(TASK BRIEF): Your task is to work out how many lines in the data that follows hold "Abdeckplatte" and to state that number alone.

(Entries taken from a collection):
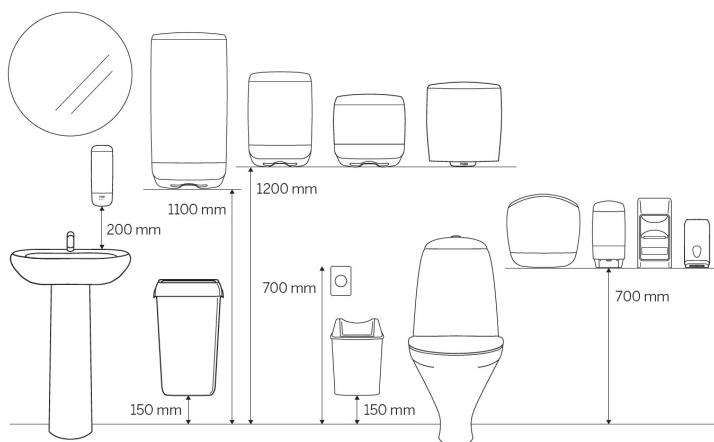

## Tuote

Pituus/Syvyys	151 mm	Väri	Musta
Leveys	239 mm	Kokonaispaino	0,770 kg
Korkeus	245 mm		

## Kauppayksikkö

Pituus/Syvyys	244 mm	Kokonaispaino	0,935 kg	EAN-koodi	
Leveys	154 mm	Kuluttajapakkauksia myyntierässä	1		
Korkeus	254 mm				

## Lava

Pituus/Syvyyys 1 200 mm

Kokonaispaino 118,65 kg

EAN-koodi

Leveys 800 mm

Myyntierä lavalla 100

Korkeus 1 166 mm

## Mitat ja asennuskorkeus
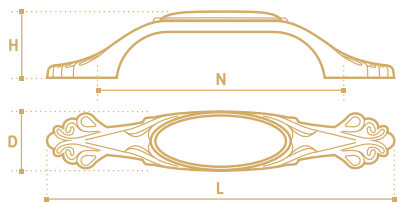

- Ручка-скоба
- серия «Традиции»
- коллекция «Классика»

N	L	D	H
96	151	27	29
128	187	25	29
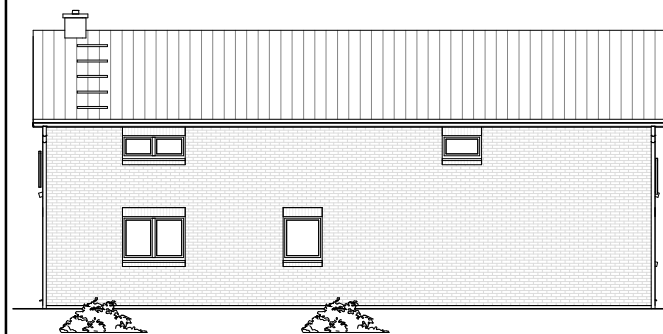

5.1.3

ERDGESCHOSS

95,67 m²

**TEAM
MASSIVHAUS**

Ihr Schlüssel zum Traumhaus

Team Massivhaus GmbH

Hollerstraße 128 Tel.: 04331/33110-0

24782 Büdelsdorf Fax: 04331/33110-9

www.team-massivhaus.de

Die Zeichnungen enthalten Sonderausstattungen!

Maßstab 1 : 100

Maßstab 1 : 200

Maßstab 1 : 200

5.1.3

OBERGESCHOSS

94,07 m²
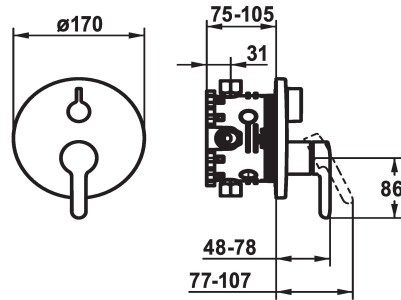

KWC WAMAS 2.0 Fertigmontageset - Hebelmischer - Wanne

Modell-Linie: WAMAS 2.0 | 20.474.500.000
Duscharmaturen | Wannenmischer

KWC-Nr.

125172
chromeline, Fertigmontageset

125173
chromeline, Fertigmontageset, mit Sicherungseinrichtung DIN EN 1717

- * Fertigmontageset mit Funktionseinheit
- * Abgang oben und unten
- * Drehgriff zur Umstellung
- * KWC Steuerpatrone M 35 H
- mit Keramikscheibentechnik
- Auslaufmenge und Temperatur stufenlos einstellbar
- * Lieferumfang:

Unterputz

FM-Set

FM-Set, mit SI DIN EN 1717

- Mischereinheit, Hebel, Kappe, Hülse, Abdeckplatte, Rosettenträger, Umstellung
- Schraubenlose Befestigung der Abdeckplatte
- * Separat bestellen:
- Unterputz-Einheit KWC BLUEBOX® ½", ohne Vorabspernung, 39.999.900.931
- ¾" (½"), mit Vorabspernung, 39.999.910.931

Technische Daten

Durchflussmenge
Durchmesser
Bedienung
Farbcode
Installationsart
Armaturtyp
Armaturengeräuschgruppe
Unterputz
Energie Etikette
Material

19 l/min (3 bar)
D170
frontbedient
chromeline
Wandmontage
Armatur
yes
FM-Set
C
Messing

(EXERCISE OUTPUT): 2